Occupying the westernmost end of Cuba, the province of Pinar del Rio offers some interesting escapes at an easily accessible distance from the capital, Havana. Most of the tourists that visit this area, indeed, come only for the day on tours organized by one the government driven operators, beginning and finishing their circuit in Havana. This region is known primarily by the beautiful landscapes offered by the Viñales Valley and by the possibility to get to know a little about the tobacco culture (Pinar del Rio is responsible for around 80% of the tobacco grown in Cuba).
The provincial capital, which is also named Pinar del Rio, is located 165km (100mi) away from Havana and has a population of 165,000 inhabitants. Even though the city doesn’t really have a lot to offer when it comes to tourism, many tours end up visiting the spirits factory “La Occidental”, also known by its former name “Casa Garay”. This is where you can allegedly find some of the best Guayabita de Pinar, a distillated drink obtained from a small guava and available in two versions: dry, similar to rum, and sweet.
Continuing, around 30km (20mi) north of Pinar del Rio is the town of Viñales. This actually looks more like a small village, home to 10,000 people, that concentrates most of the touristic infrastructure of the region, offering a decent array of restaurants and casas particulares. A small distance away from there, the Viñales Valley covers an area of 132km² (51mi²) and constitutes an unique landscape in the whole country, dominated by the presence of several mogotes, hills formed by limestone erosion. Some of these mogotes have very suggestive shapes and were named after them, as is the case with the Two Sisters mogote. Many of these mogotes have caves inside, and many of these caves are accessible to the general public.
The best known caves in this region are around San Vicente. The Cueva del Indio (Indian Cave) is likely the most visited among them, since it is the longest easily accessible cave system in Viñales. A visit here usually consists of a brief walk through its interior, admiring its mineral formations, and then a boat ride through the river that flows there.
Another very popular activity around Viñales takes visitors on a tour to a local small cigar producing plant; as mentioned previously, this province is responsible for the largest tobacco crops in the whole island. Visiting one of these farms or small plants is an opportunity to meet the people that rely on this activity and find out a little about their way of living. Besides, it is an opportunity to observe on first-hand the manufacturing process of this product, probably the country’s biggest symbol.
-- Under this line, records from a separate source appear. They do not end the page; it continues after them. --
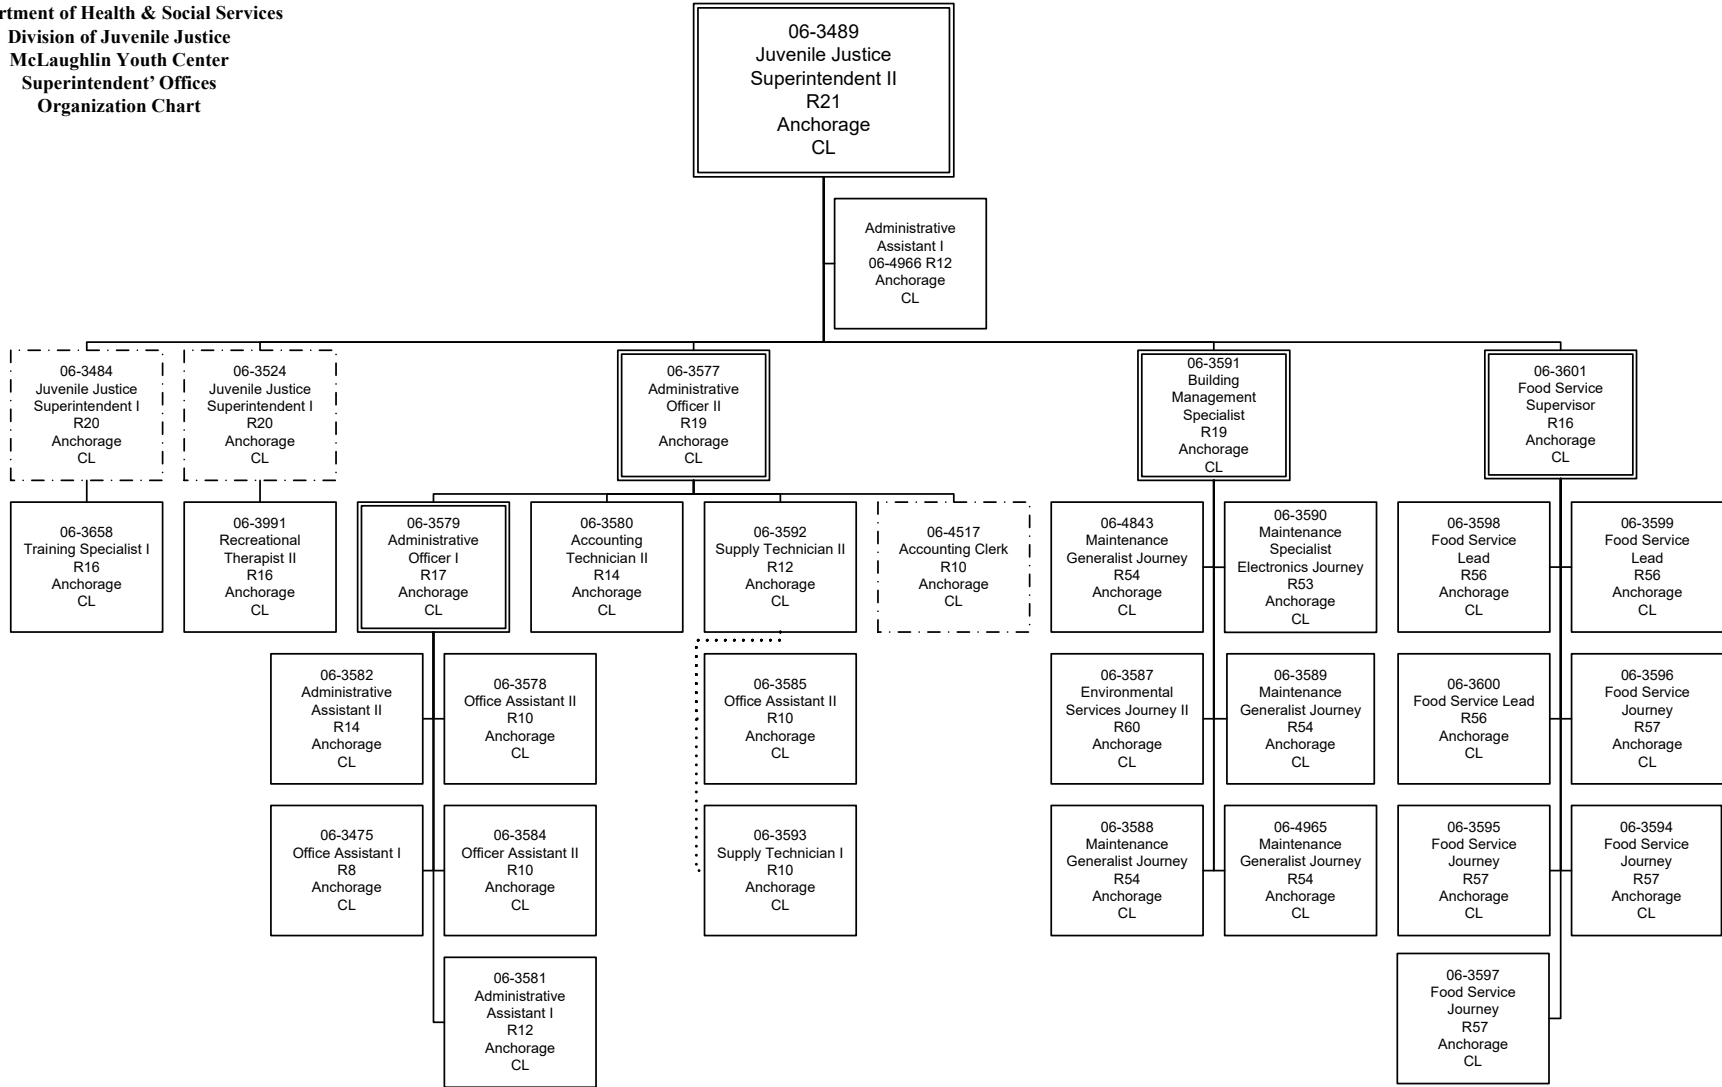

Department of Health & Social Services
 Division of Juvenile Justice
 McLaughlin Youth Center
 Detention Unit
 Organization Chart

Department of Health & Social Services
 Division of Juvenile Justice
 McLaughlin Youth Center
 Superintendent' Offices
 Organization Chart

Department of Health & Social Services
 Division of Juvenile Justice
 McLaughlin Youth Center
 Treatment Units
 Organization Chart

Department of Health & Social Services
Division of Juvenile Justice
McLaughlin Youth Center
Administrative Support
Organization Chart

Finally, it is worth mentioning that, among so many natural wonders and cultural riches, Viñales also hosts what should probably deserve a distinction as the worst touristic attraction in Cuba. Something so absurdly tasteless that would be a serious contender for worst sight in all Latin America. This is the Pre-History Mural, a giant mural painted on the virtually vertical cliff of a mountain. If for some reason your tour organized by a government led tour operator takes you there, at least try to enjoy the local bar and restaurant, otherwise try to make a better use of your time and head somewhere else in the province, or go back to Havana in order to continue exploring the country.